ManageEngine NetFlow Analyzer team constantly interacts with its customers, technology companies and VARS to prioritize the road map. Whenever a new technology is introduced in the product, all existing customers see an immediate value by means of simple free upgrade instead of paying a hefty price. Here the ROI includes cutting bandwidth upgrade costs due to increased visibility using ManageEngine NetFlow Analyzer, avoid unauthorized bandwidth usage and increase the efficiency of business critical applications with almost zero implementation cost.
Multiple technologies - Single Solution:
Cisco NetFlow:
Cisco's NetFlow technology exports flow records from any IOS capable routers and switches. The exported flow records contain information about protocols, ports, source, destination IP addresses and much more.
NetFlow Analyzer provides several instant reports to monitor bandwidth including top talkers, top protocols, top conversations, and more. Apart from these pre-defined bandwidth reports, NetFlow Analyzer also includes options to search for specific bandwidth usage details based on IP address, host name, protocol, and more.
Bandwidth Monitoring without Probes
NetFlow Analyzer does network bandwidth monitoring using NetFlow. NetFlow exports are collected, correlated, and analyzed to get granular details to monitor bandwidth usage across each WAN link. There is no need for hardware probes to monitor bandwidth usage. NetFlow Analyzer is an all software solution which is suitable for both Windows and Linux.
Real-time Bandwidth Monitoring
Bandwidth monitoring reports for each interface shows the current, average, and peak bandwidth usage patterns across each NetFlow-enabled interface. With these bandwidth usage statistics you can get instant visibility into how much bandwidth was used up by hosts, applications, and conversations across a specific interfaces.
Application-wise Bandwidth Distribution
To monitor bandwidth utilized by different applications, NetFlow Analyzer gives you instant visibility into which applications are using up maximum bandwidth. You can also drill down to see the top sources, destinations and conversations using the bandwidth. With such granular detail, network troubleshooting and problem resolution take far less time than with traditional tools.
Cisco NBAR:
Cisco NBAR (Network Based Application Recognition) engine runs on the IOS and does deep packet inspection to identify applications riding on regular ports. For example TCP 80 can be identified as kazza2, BitTorrent, Napster etc. The respective utilization, volume and speed can be polled through SNMP protocol over time.
NBAR reports are very useful to set the Quality of Service (CB-QoS) policies. NBAR and QoS policies can work together to prevent bandwidth stealing applications and increase the efficiency of business critical applications.
Cisco CB-QoS (Class Based - Quality of Service):
We have discussed a lot about deploying CB-QoS policies for improved network performance. You can find CB-QoS blog series in this link. Cisco CB-QoS is the simplest way to prioritize network traffic.

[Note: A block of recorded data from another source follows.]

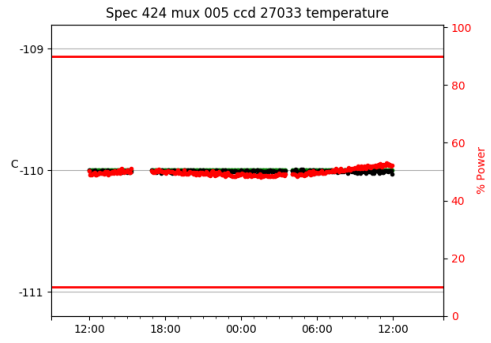

2 Spectrographs

2.1 Legend

For the Spectrograph Cryo plots the Black point are the cryo temperature reading and the Red points are the cryo pressure in Torr on a log scale with the scale on the right hand vertical axis.

For all Spectrograph Temperature plots, the Black points are the ccd temperature reading, the Green points are the ccd set point, and the Red points are the percentage heater power with the scale on the right hand vertical axis. The two straight Red lines are the 5% and 95% power levels for the heater.

2.2 lrs2

lrs2 uptime: 930:42:55 (hh:mm:ss)

2.3 virus

virus uptime: 187:26:10 (hh:mm:ss)

3 Weather

4 Tracker Engineering

5 Virus Enclosures

Virus Enclosure 1
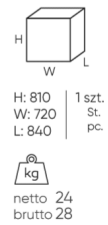

design:
Bejot Development Team

Site du produit
[lien vers le site](#)

bejot:

dimensions

VV 401

VV 401 / 4011

bejot:voo_voo

VV P600

VV 411 R/L

- A** seat height: overall dimensions
- B** seat height
- C** chair height: overall dimensions
- D** backrest height
- F** chair width: overall dimensions
- G** seat width
- H** backrest width
- K** height from the floor to the armrest
- M** chair depth: overall dimensions
- N** seat depth / seat length
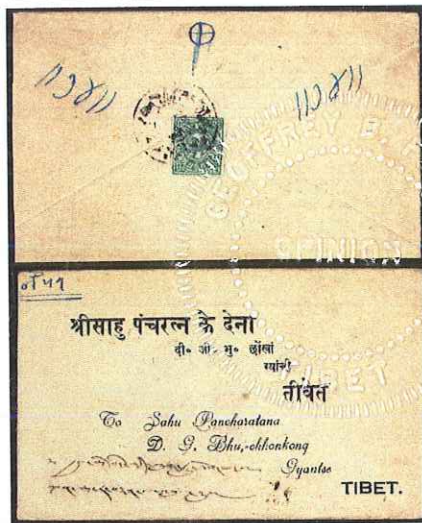

GEOFFREY FLACK TIBETAN STAMPS AND POSTAL HISTORY OPINION

Date: July 15, 2002

Number: 0196

In my opinion the cover illustrated on the right (illustration reduced in size) is a genuine Commercially used cover from Shigatse to Gyantse. F.w. VF (four margin) Shiny Enamel 1/6tr Green (#1a) tied by SHIGATSE type XI (Hel. T36) fret cancel.

Geoffrey Flack

Box 65987, Station F, Vancouver, B.C., Canada, V5N-5L4
Tel. (604) 986 3898, Fax. (604) 986-4777, E-Mail: geoffrey@tibetanpost.com

Having insights over pre and post policy metrics, network administrators can modify their CB-QoS policy configuration for improved performance and to avoid any impact to business critical applications due to misconfiguration.

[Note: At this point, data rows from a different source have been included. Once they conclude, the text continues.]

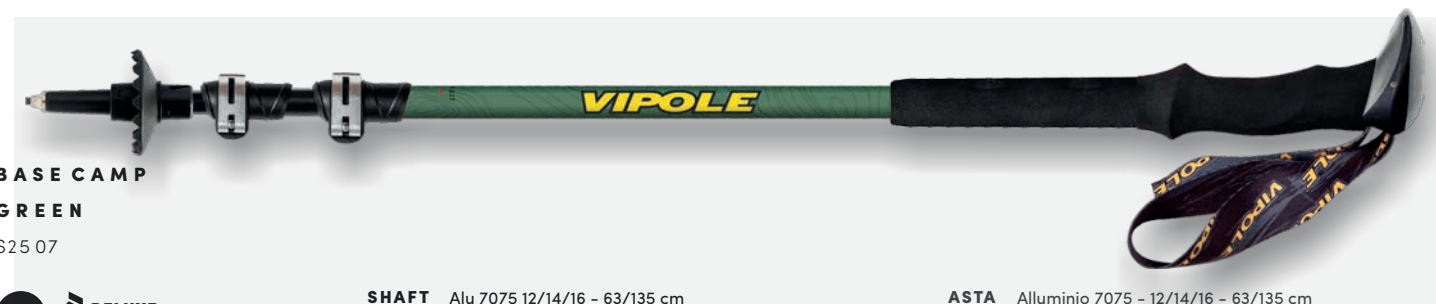

**BASE CAMP
GREEN**

S25 07

ALU 7075
THINSHAFT
QUICKLOCK
ROUNDHEAD

SHAFT Alu 7075 12/14/16 - 63/135 cm

TECHNOLOGY Quicklock

FEATURES Mid.Size RoundHead EVA grip
Automatic Plume strap
Carbide tip
Basket 54 mm
Trekking round pad
Deluxe pack with carriage bag

ASTA Alluminio 7075 - 12/14/16 - 63/135 cm

TECNOLOGIA Chiusura a morsetto

DETTAGLI Impugnatura media in spugna densa RoundHead
Lacciolo automatico Plume
Punta in acciaio al tungsteno
Rotella diametro 54 mm
Tappo para punta in gomma
Confezione deluxe con sacca porta bastoncini
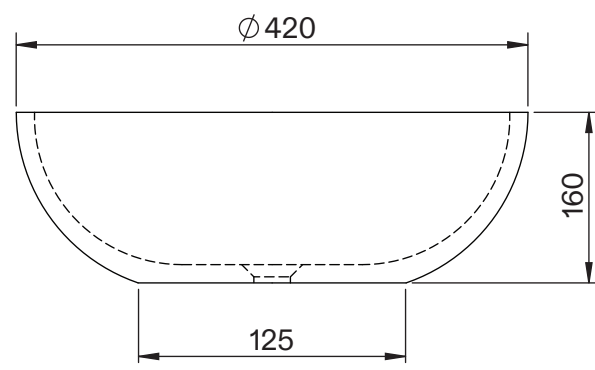

Basin

Side View - Section View

Top View

Vanity Unit

Top View

Top View - Section View

Side View - Section View

LUSO

Product Name	Volini 800mm (Oasis 420mm Basin)
Product Size (mm)	
Basin	420 x 160
Vanity Unit	800 x 470 x 565

All dimensions provided in millimeters.

This is why we call ManageEngine NetFlow Analyzer is a powerful traffic analysis and forensic solution for a network of any size. Try our 30 days all feature version and write your queries to netflowanalyzer-support@manageengine.com
Thanks
Raj
One of the common problems Network Administrators face while using ingress based NetFlow configuration is reporting of incorrect DSCP markings for the traffic going out from the WAN interfaces. This is absolutely due to the behavior of the ingress based NetFlow export configuration and this can be fixed by enabling egress based NetFlow data export.

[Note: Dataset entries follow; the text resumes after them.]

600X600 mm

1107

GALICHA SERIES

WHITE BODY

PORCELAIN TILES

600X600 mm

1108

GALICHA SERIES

Most of the enterprises deploy ISP provisioned circuits to its branch offices and configure output QoS markings on WAN interfaces for traffic prioritization. This ensures that business critical applications are given high priority for optimum performance. The following picture depicts a typical enterprise way of connecting branch offices and datacenters.
An Enterprise headquarters is connected to its branch offices and datacenter using an ISP circuit. The edge router in HQ is enabled with ingress based NetFlow data export. Let’s see how NetFlow Analyzer interprets QoS markings using the flow record.
As I mentioned earlier NetFlow data export is ingress based. Whenever a host with IP address 1.1.1.1 inside the LAN network starts sending data to server B in the branch office, the HQ router creates a NetFlow record in the cache with the following entries.
| Field | Src IP | Dst IP | Port | Protocol | DSCP | Src Inf | Dst Inf |
| Data | 192.168.1.2 | 10.1.10.1 | 2113 | TCP | Default | LAN – Fa0/0 | WAN-Serial0/0/0 |
In the meanwhile due to the output QoS policy configuration in the WAN interface, the DSCP code of the traffic is altered to a high priority value and routed. And this priority change is not captured in the ingress based NetFlow traffic exported to Analyzer server since the flow cache was populated before the QoS policy action. Due to this NetFlow Analyzer reports the right DSCP value for the incoming traffic on the LAN interface and since the same flow record is used to calculate the out traffic for the WAN, WAN interface does not report the prioritized DSCP value on the outgoing traffic.
This issue can be fixed by enabling egress based NetFlow data export on the routers. The NetFlow Egress Support feature allows NetFlow accounting to be implemented for egress (outgoing) traffic on an interface or sub interface. Once the egress configuration is applied, NetFlow cache is populated with the information pertaining to outgoing traffic from any particular interface. For the same example which we have discussed above, the flow record will look like
| Field | Src IP | Dst IP | Port | Protocol | DSCP | Src Inf | Dst Inf |
| Data | 192.168.1.2 | 10.1.10.1 | 2113 | TCP | AF1 | LAN – Fa0/0 | WAN-Serial0/0/0 |
As you see in the DSCP field now egress configuration reports the prioritized DSCP value since the NetFlow cache population happens after the promotion of DSCP value.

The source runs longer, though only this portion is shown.